* **EXERCISE DESCRIPTION**
Starting with the opening line of the entries below, transcribe each line exactly up to and including the one that has "W250×D450×H1800"; pictures are not copied.

* **EXTRACTED INFORMATION**
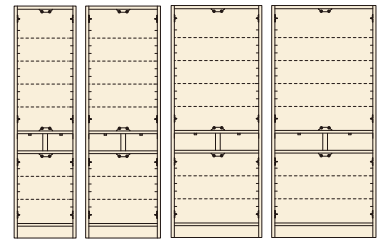

- 4** ダイニングボード80
W795×D445×H1800
¥99,700 才数24

- 5** 収納庫50
W495×D445×H1800
¥75,700 才数15

- 6** 収納庫60
W595×D445×H1800
¥84,700 才数18

- 7** 収納庫70
W695×D445×H1800
¥91,000 才数21

- 8** 収納庫80
W795×D445×H1800
¥96,400 才数24

- 9** マルチボード50
W495×D445×H1800
¥86,400 才数15

- 10** マルチボード60
W595×D445×H1800
¥94,400 才数18

- 11** マルチボード70
W695×D445×H1800
¥102,400 才数21

- 12** マルチボード80
W795×D445×H1800
¥112,000 才数24

- 13** スリム収納庫25
W250×D450×H1800
¥52,400 才数8
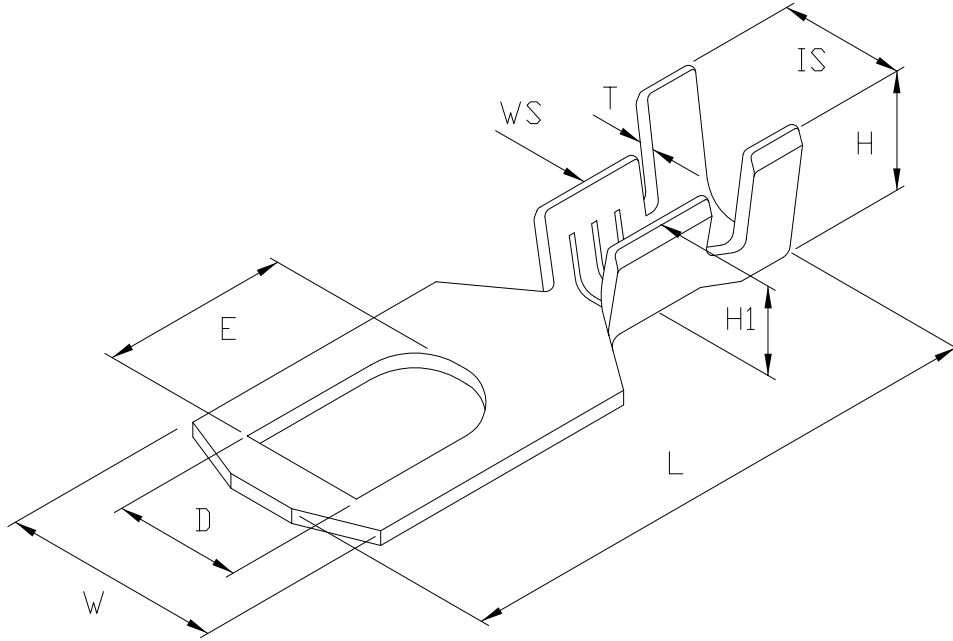

成品製造管制圖
 DRAWING OF FINISHED PRODUCTS

禁止使用1級環境管理物質
 Non-use Warranty for Level 1
 Prohibited Substances in Product.

Type/Pich 形式/間距	Spade Terminal Y 形端子
--------------------	-------------------------

產品編號 Part No: J15441BS

品名 Product: 端子 TERMINAL

材質 Material: Brass

材料厚度 Thickness: 0.5mm

包裝數量 Standard Packing: 5000PCS

適用電線 Suitable Wire: 12~14AWG

表面處理, Treatment: -0 無表面處理, -00 鍍金, -1 鍍鎳, -2 鍍錫

A 先沖後鍍

(-0 Non surface treatment

, -00 Gold flash, -1 Nickel played, -2 Tin plated,

A: PUNCHED AFTER STAMPED TIN)

DIMENSION:(MM)

T:0.5 ± 0.03

L:19.0 ± 0.35

E:6.6 ± 0.25

D:4.3 ± 0.15

W:7.4 ± 0.2
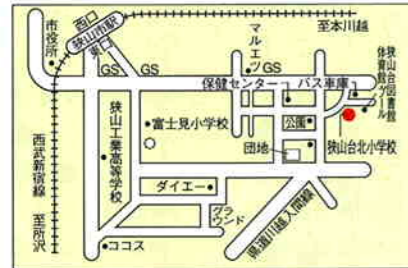

●第1投票所<峰公民館>

●第2投票所<市民会館>

●第3投票所<中央公民館グリーンホール>

●第4投票所<コミュニティセンター>

●第5投票所<入間川中学校体育館>

●第6投票所<市役所玄関ホール>

●第7投票所<中央中学校>

●第8投票所<東中学校体育館>

●第9投票所<狭山工業高校体育館>

●第10投票所<富士見小学校体育館>

●第12投票所<狭山台北小学校>

●第15投票所<入間小学校体育館>

●第16投票所<入間公民館>

投票所は「投票所案内図」のとおりです。

あなたが該当する投票所は、選挙管理委員会から送付します投票所入場整理券に記載されています。入場整理券をご確認のうえ、お間違のないように投票所にお越しください。

なお、投票時間は午前7時から午後6時までです。

投票所案内図

問い合わせ選挙管理委員会へ内線611

10月20日(日)は
衆議院議員選挙の
投票日です

●第14投票所<御狩場小学校体育館>

●第15投票所<入間小学校体育館>

●第16投票所<入間公民館>

●第17投票所<三商自治会集会所>

●第18投票所<南小学校体育館>
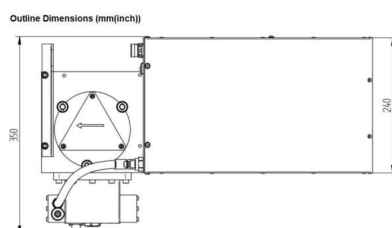

MAGNETRONKOPF - MH010KS-215BZ

类别: 微波源

BILDERGALERIE

Outline Dimensions (mm(inch))

Outline Dimensions (mm(inch))

Outline Dimensions (mm(inch))

附加信息

设备型号	微波头
Frequency [MHz]	2450
输出功率 [W]	3000
接线方式	1~ (L / N / PE)
辅助电压 [V]	-
供电频率[Hz]	-
冷却	水冷
脉冲输出功率最大[W]	10000
前面板/HMI	带接头
宽度 [mm (inch)]	350 (13,78)
高度 [mm (inch)]	205 (8,07)
深度 [mm (inch)]	588 (23,15)
保护	IP20
输出连接方式	WR340 / R26
输出连接	波导
隔离器	是的
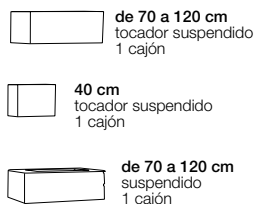

fiora

Composición 150 cm MAKING 2.348 €.

Mueble pizarra gris de 80 cm, 2 cajones, tocador 70 cm, consola lisa 150 cm sobremesa + soporte, lavabo sobreencimera lota y espejo liso.

Auxiliar colgable
167 €
2 huecos

serie **MAKING**

Fondo 48 cm
Alt. 1 cajón 34,50 cm
Alt. 2 cajones 57,50 cm
Alt. 3 cajones 86,50 cm

Acabados muebles y encimeras:

material:
resina (sillexpool)

Colores muebles:

Colores especiales:

colores nature o carta
RAL +20 %

Medidas especiales:

PVP medida superior
+20 %

Lavabos disponibles:

Encimeras de sillexpool (resina) con lavabo integrado o para lavabos de sobreponer. Lavabos de sobreponer en solid color blanco y sillexpool (resina).

-Solid: color blanco
-Sillexpool: mismos colores que el mueble

Medidas:

Medidas altos de colgar:
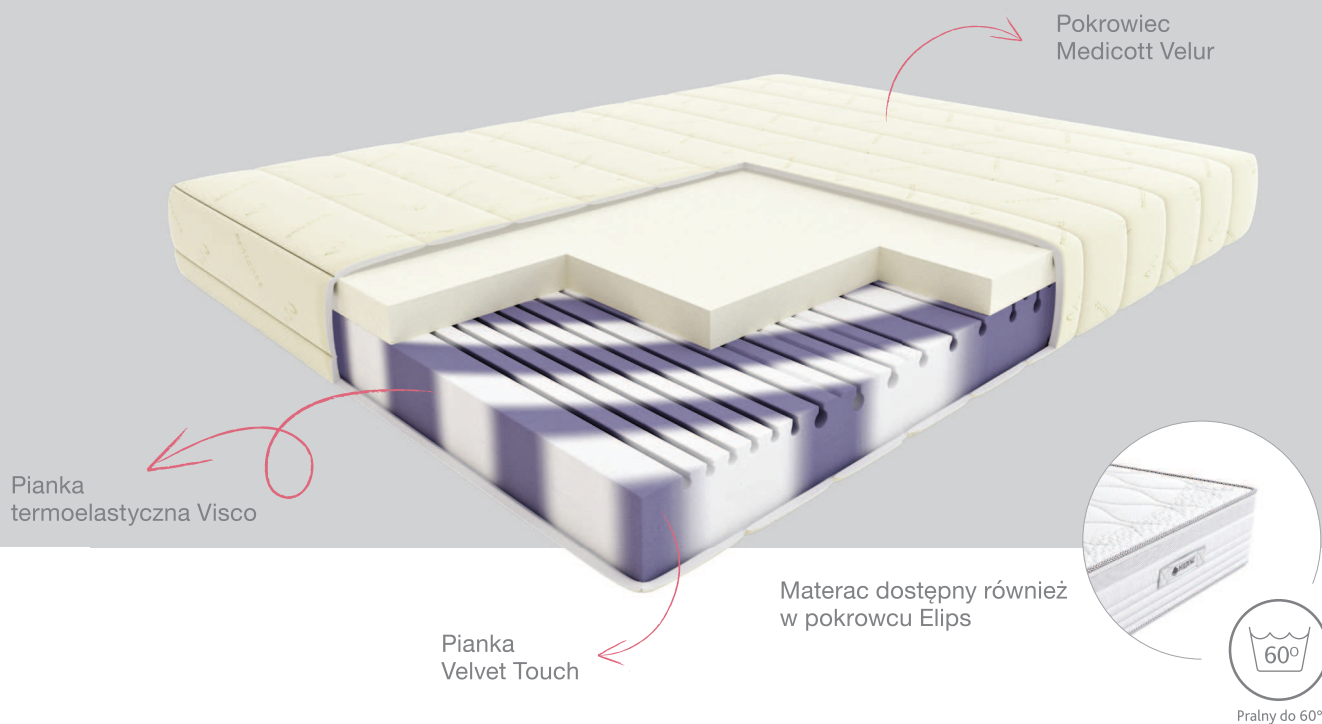

Rumba

Pianka Visco

Nowatorska pianka **Velvet Touch** jako baza materaca zapewnia doskonałą sprężystość i elastyczność oraz gwarantuje odpowiednią twardość materaca,

Pianka termoelastyczna Visco reaguje na temperaturę ciała, podpierając je idealnie,

Pianka Visco to dodatkowa miękkość, poczucie ciepła i niespotykany komfort,

7 zróżnicowanych stref twardości gwarantuje optymalne podparcie całego ciała,

2 pokrowce do wyboru z możliwością prania:

Medicott Velur hamuje tworzenie i gromadzenie się niebezpiecznych pleśni, dodatkowa pianka Visco w pokrowcu zapewnia dodatkową miękkość,

Elips jedwabisty i miękki w dotyku gwarantuje wysoki stopień elastyczności.

Wysokość materaca: ok. 22 cm

Oferowane rozmiary: 80, 90, 100, 120, 140, 160, 180 / 200 cm

W pokrowcu Medicott Velur

Skala twardości >80 kg

* **REPLY**
- 4** ダイニングボード80
W795×D445×H1800
¥99,700 才数24

- 5** 収納庫50
W495×D445×H1800
¥75,700 才数15

- 6** 収納庫60
W595×D445×H1800
¥84,700 才数18

- 7** 収納庫70
W695×D445×H1800
¥91,000 才数21

- 8** 収納庫80
W795×D445×H1800
¥96,400 才数24

- 9** マルチボード50
W495×D445×H1800
¥86,400 才数15

- 10** マルチボード60
W595×D445×H1800
¥94,400 才数18

- 11** マルチボード70
W695×D445×H1800
¥102,400 才数21

- 12** マルチボード80
W795×D445×H1800
¥112,000 才数24

- 13** スリム収納庫25
W250×D450×H1800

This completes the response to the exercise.